(Beginning of Data provided)

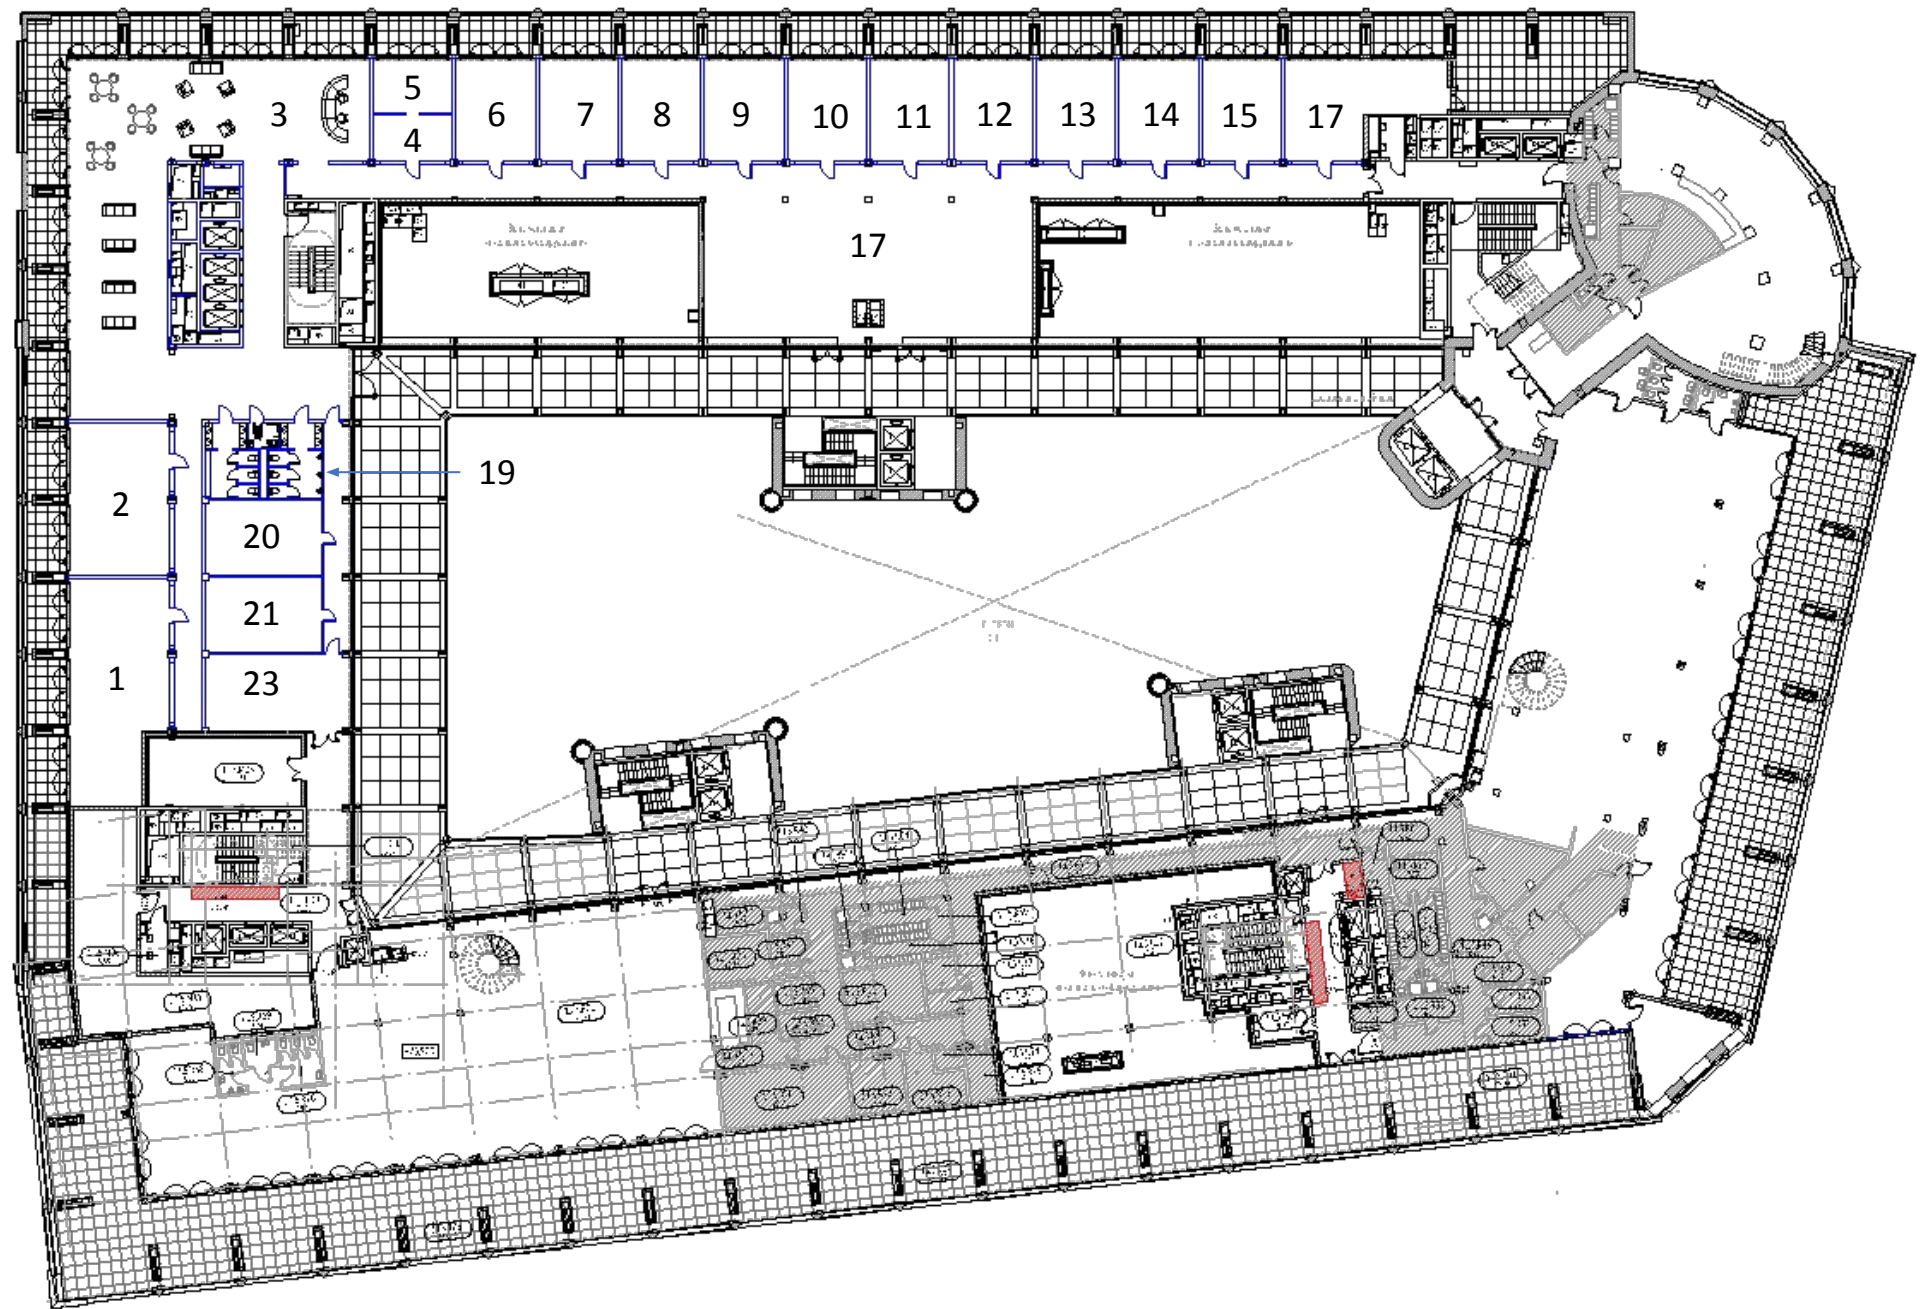

Oiled Walnut

Stock item

Find Dealer

Пространство выше 3х метров в высоту – бетон, арки, своды. Все тяжелое, масштабное, большое без декора только, возможно, с подсветкой для вечерней фактурности

Бар и вход в него выделяется контрастными цветами и формами – можем сделать прям инсталляцию сложной формы. Внутри будто бы светящийся контур в масштабе человека, а все, что выше 3х метров – это опять своды, балки, бетон

Внутреннее пространство номеров – мягкий датский минимализм – что-то сдержанно чистое, мягкое по цвету (только чтобы сочеталось по цвету дерева со всеми пространствами)

- 1 и 17 – Номер категории Люкс-Премьер
- 2 – Номер категории Люкс
- 3 – Лобби / Ресепшн
- 4 – Охрана/Хранение багажа
- 5 – Офис Управляющего
- 6–15 – Номера категории Премьер
- 18 – Зимний сад – Кафе
- 19 – Туалетные комнаты для М и Ж и ММГН
- 20-23 – Служебные помещения
 - Комнаты отдыха
 - Комнаты раздевалки для персонала
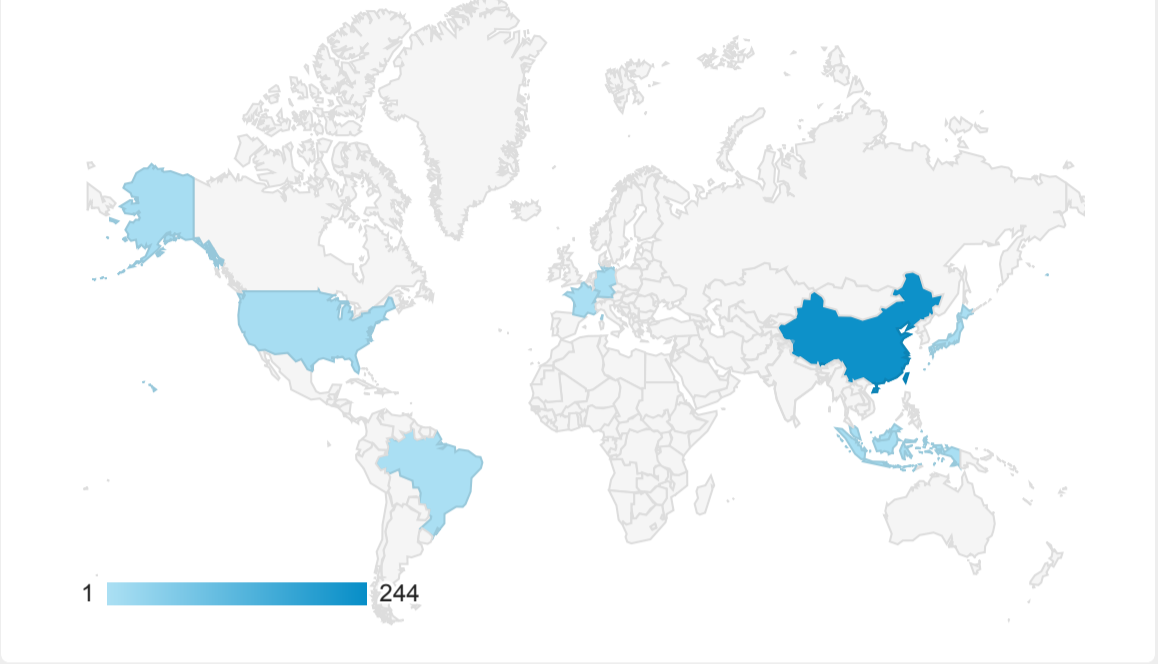

報表01_訪客

2022年9月19日 - 2022年9月25日

所有使用者
100.00% 個工作階段

平均造訪停留時間和單次造訪頁數

跳出率和平均造訪停留時間

造訪和不重複訪客

造訪和新造訪

造訪 (依裝置類別分組)

造訪地圖

造訪 (依瀏覽器分組)

造訪和新造訪率 (依行動裝置資訊分組)

造訪 (依語言分組)

語言	工作階段
zh-cn	241
zh-tw	235
en-us	14
zh-hk	7

(End of Data provided)

● **Description of the task**: Each line above that contains the string "Люкс" should be copied.

● **Solution for this exercise**:
- 1 и 17 – Номер категории Люкс-Премьер
- 2 – Номер категории Люкс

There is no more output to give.